The way all of the above affects an anime as a whole is largely the reason, in my opinion, why the American anime industry is having so much trouble, which brings me to the last two parts of this whole beautiful thing.

What can we, as anime fans, do to change things?
Well, here are some ways I can think of for anime fans to help change what we’ve seen here.

  • Supporting the industry financially is probably the biggest. Buy the official releases! Feel free to show streams and downloads to your friends, but urge them to buy the official releases themselves, and don’t make copies of your DVDs for them; you’re only making it worse! Also, use your voice to spread the word about how downloading and streaming affects the industry!
  • Getting involved with the industry itself is another great idea. Attending anime conventions is a great way to not only keep up on the latest news, but to also purchase official merchandise you’d never find anywhere else. Also, if you want to see an anime you know of brought over to America, e-mail some anime companies such as ADV, Bandai, and FUNimation and tell them what you want! If they see the fanbase, they’ll put forth the effort (we hope)!
  • Share the anime love with everyone! Invite friends over for a night of watching anime, and invite anyone who may be curious about anime. A nice big group of people is perfect for answering questions and giving opinions on the best way to start watching anime. If you see an anime that you think a friend may like, suggest it to them!

While these may not do much, they are some things we can do to improve the situation. However, that raises one final question.
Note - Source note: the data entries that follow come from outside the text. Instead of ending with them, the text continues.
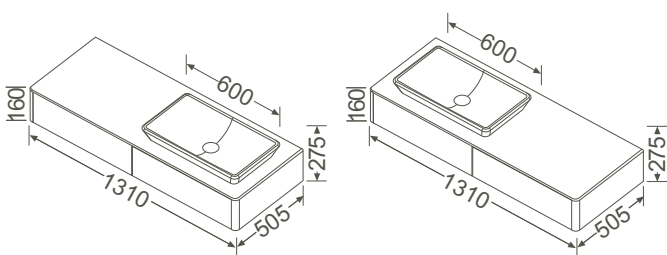

1310 x 505 x 160 mm	48,0 kg
81211	R ☐	Weiß, matt, lackiert/ White, matt, varnished	
81221	L ☐		
81212	R ☐	Panacotta creme, matt, lackiert/ Panacotta cream, matt, varnished	
81222	L ☐		
81213	R ☐	Schilf, matt, lackiert/ Reed, matt, varnished	
81223	L ☐		
81214	R ☐	Hellgrau, matt, lackiert/ Light grey, matt, varnished	
81224	L ☐		
81215	R ☐	Dunkelgrau, matt, lackiert/ Dark grey, matt, varnished	
81225	L ☐		
81216	R ☐	Weiß, hochglänzend, lackiert/ White, high gloss, varnished	
81226	L ☐		
passend zu Waschtischen/matching to washbasins: #4461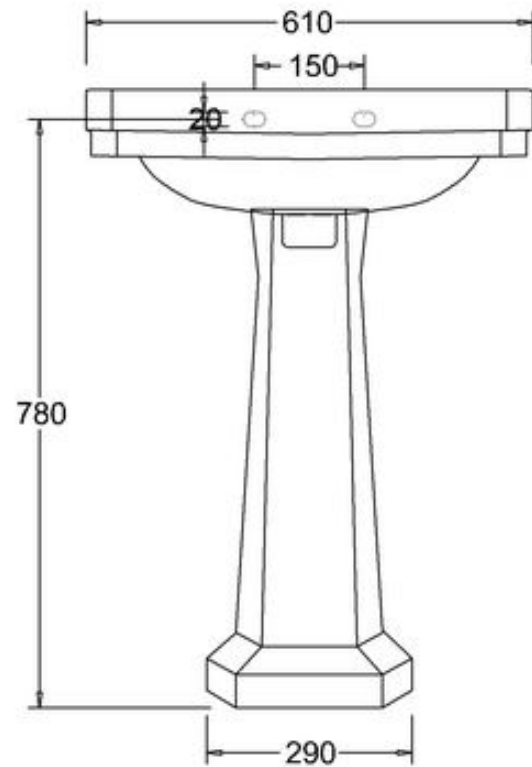

411-009-22

LAVUAARI VICTORIAN, LEV. 61 CM

KAHDELLA HANAREIÄLLÄ

DOMUSCLASSICACOLLECTION ©

DOMUSCLASSICA®

TIEDUSTELUT JA TILAUKSET: DOMUS@DOMUSCLASSICA.COM | P. 0400 23 24 25 (MA-TO 9-15) | WWW.DOMUSCLASSICA.FI

*) HINNAT SISÄLTÄVÄT ARVONLISÄVEROA 24 %, TILAUSTUOTTEISSAMME RAHTI LASKUTETAAN ERIKSEEN.
DOMUS CLASSICA OY VARAA OIKEUDEN HINTA- JA TUOTETIETOMUUTOKSIIN.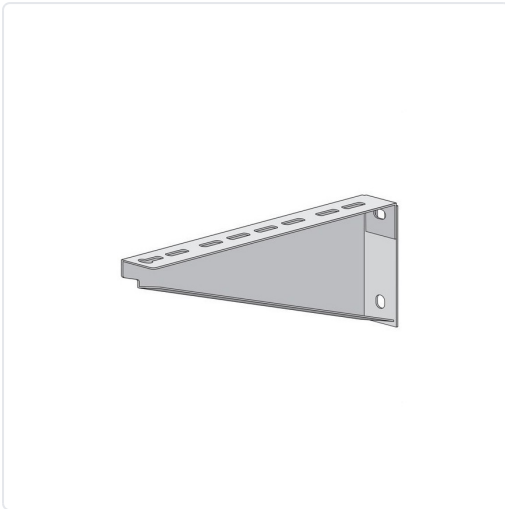

**SOPORTE HORI. ESCUADRA PARA PARED/PERFIL "C"
200 SENDZIMIR**

MARCA

INTERFLEX

REF

EITSHE20S

EAN / GTIN

8430465341745

**Especificaciones técnicas**

Longitud	200mm
Longitud	200mm
Material	Acero
Objeto	Soporte

**Escanéalo para consultarlo online.**

Accede al stock en tiempo real y a la documentación.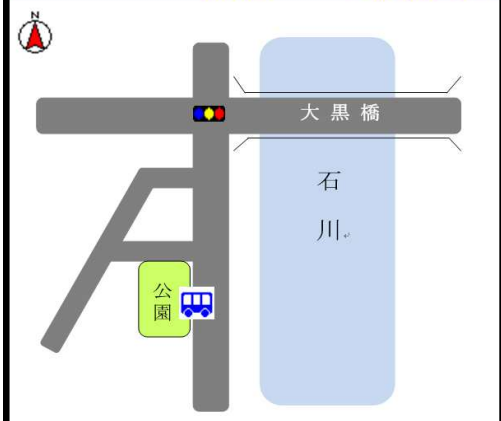

- ◆バス停名横の数字は、そのバス停に停車するバスの号車です。
- ◆バス停が2ヶ所ある場合、反対側のバス停で待たない様にお気を付けください。
- ◆バス停が1ヶ所の場合は、どちらの向き行きもそのバス停でお待ちください。

か行

グラウンド・ゴルフ場（道の駅）③、⑤、⑥号車

蔵之内 ③、⑤号車

グリーンハイツ ④号車

光陽台 ②、③、⑤号車

駒ヶ谷 ②号車

誉田5丁目 ③、⑤号車

誉田6丁目 ③、⑤号車

誉田7丁目 ③、⑤号車

Would we even want to change things?

On my Facebook, I started adding a bunch of my favorite j-pop and j-rock to my iLike application, then posted some of my favorite songs and videos with messages urging my non-anime loving friends to give the music a try. My friend Spyke then yelled at me, telling me to stop urging others to listen to it, because if it became popular in America, it would somehow be ruined. How can you blame him for being afraid of that, given what you’ve read above?

Because of the way anime is treated in America, many anime fans are reluctant to see new anime come over. However, by keeping active in the industry and supporting what you love, you can show these companies that we prefer the good ol’ unedited, original stuff. Also, we should all keep in mind that the Japanese anime companies do make money off of the American releases, and so I believe that fact should also be taken into account in these matters. It’s not as if anime will just disappear from America if we keep this up; it will also affect Japan’s anime industry.

So, in the end, the decision is really yours. If you’re not an anime fan, you can either try to get into it or just not bother. If you already are one, you can try to learn more about it and get involved in the industry, or you can just keep on being a casual watcher. Nobody can force anyone to do anything in this situation.

However, my choice is clear: I choose to be active and support the anime industry by informing others, buying my favorite titles whenever I have the financial ability to, and to just keep on enjoying it and sharing it with my friends.

Because in the end, anime is meant to be enjoyed. This is all just about preserving that enjoyment.